Early-career researchers from the Society for the Anthropology of Work respond to Mythri Jegathesan's award-winning book Tea and Solidarity.
Mythri Jegathesan tells us early on in Tea and Solidarity that structural inequalities—caste, ethnicity, and gender-based—have led to representations of women working on tea plantations as “puppets on a string,” passive victims of structures of violence, or “bearers of cultural compliance” (p. 33). Such analyses can reinforce inequalities, like the process of dispossession itself, and recreate a nostalgia and desire for tea in the global marketplace.
In wanting to disentangle self-perpetuating ideas of victimhood and to work against what she calls “killer stories” (p. 33), Jegathesan pivots to a focus on desire. In doing so, she not only engages in a decolonial feminist politics, which thinks through the significance of how researched subjects may actually want to be researched, understood, and written about. She also argues that a focus on Hill Country Tamil women’s desires—including what they do not desire; for example, “to live on this wage” (p. 10)—can allow for new ways of understanding what plantation life actually entails.
Jegathesan’s framework, rooted as it is in a poiēsis of desire, does not steer clear of structural accounts of the historical and social conditions that allow for undesirable working conditions to become normalized. But her method makes room for challenging the plantation space as one of coherence. Throughout the book Jegathesan manages to acknowledge this pull toward coherence on the part of writers, academics, the Sri Lankan state, human rights discourse, and other forms of knowledge production, even as she unravels it through a poiēsis of desire.

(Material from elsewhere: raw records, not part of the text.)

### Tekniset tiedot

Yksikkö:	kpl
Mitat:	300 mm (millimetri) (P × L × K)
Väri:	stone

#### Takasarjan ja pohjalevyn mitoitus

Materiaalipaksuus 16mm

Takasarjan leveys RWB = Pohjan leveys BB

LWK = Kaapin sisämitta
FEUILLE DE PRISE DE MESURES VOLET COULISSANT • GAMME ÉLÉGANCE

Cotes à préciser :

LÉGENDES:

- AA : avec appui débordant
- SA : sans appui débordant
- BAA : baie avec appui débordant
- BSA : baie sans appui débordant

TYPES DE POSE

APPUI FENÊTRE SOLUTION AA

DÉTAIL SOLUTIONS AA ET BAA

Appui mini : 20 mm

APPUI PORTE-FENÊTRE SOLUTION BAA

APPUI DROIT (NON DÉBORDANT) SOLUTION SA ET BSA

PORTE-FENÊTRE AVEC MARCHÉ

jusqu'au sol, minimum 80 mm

For example, in Chapter 5, Jegathesan takes the words of a onetime superintendent, which are meant to express how women are taken care of on the tea plantation, and turns them on their head. Rather than casting tea plantations as sites of hegemony, Jegathesan positions them as places where debt is built into the wage structure and the condition of life is tied to reproductive capacity within and beyond an individual body. As she addresses women’s histories of forcible sterilization, Jegathesan argues that these women keep their wounds open by sharing their stories, undoing a narrative of singular victimization so often reiterated in Western accounts.
This portrayal does not square neatly with human rights discourse or with versions of liberal feminism that focus on a woman’s individual bodily rights. But once these killer stories take root, it becomes difficult for Tamil women to “locate the freedom in their ‘choice’ and [it] renders the concept of ‘informed consent’ unviable outside the community in which it must be situated in order to thrive as a right to exercise” (p. 138).

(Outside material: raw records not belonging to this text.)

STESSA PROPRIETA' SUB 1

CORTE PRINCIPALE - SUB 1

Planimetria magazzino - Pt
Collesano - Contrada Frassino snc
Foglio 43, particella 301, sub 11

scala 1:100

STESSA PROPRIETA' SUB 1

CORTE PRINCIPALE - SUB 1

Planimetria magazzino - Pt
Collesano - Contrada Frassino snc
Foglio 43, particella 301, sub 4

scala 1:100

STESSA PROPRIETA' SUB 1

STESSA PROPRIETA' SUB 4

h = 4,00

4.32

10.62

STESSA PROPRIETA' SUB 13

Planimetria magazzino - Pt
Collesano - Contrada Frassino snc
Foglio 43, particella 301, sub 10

While Jegathesan makes it clear that exchange values of having children or not are in many ways set, she also critiques the limits of a liberal Western feminism that would focus squarely on the right of choice. It is through this and other poiēses of desire that Jegathesan pushes back against killer stories about Hill Country Tamil women. In doing so, she asserts the potential of a decolonial feminist methodology to reframe and contest such stories elsewhere.
Hannah Borenstein is a PhD candidate in the Department of Cultural Anthropology at Duke University. Her dissertation is about women long-distance runners in Ethiopia. She also does freelance writing on sports, gender, race, labor, East Africa, and more.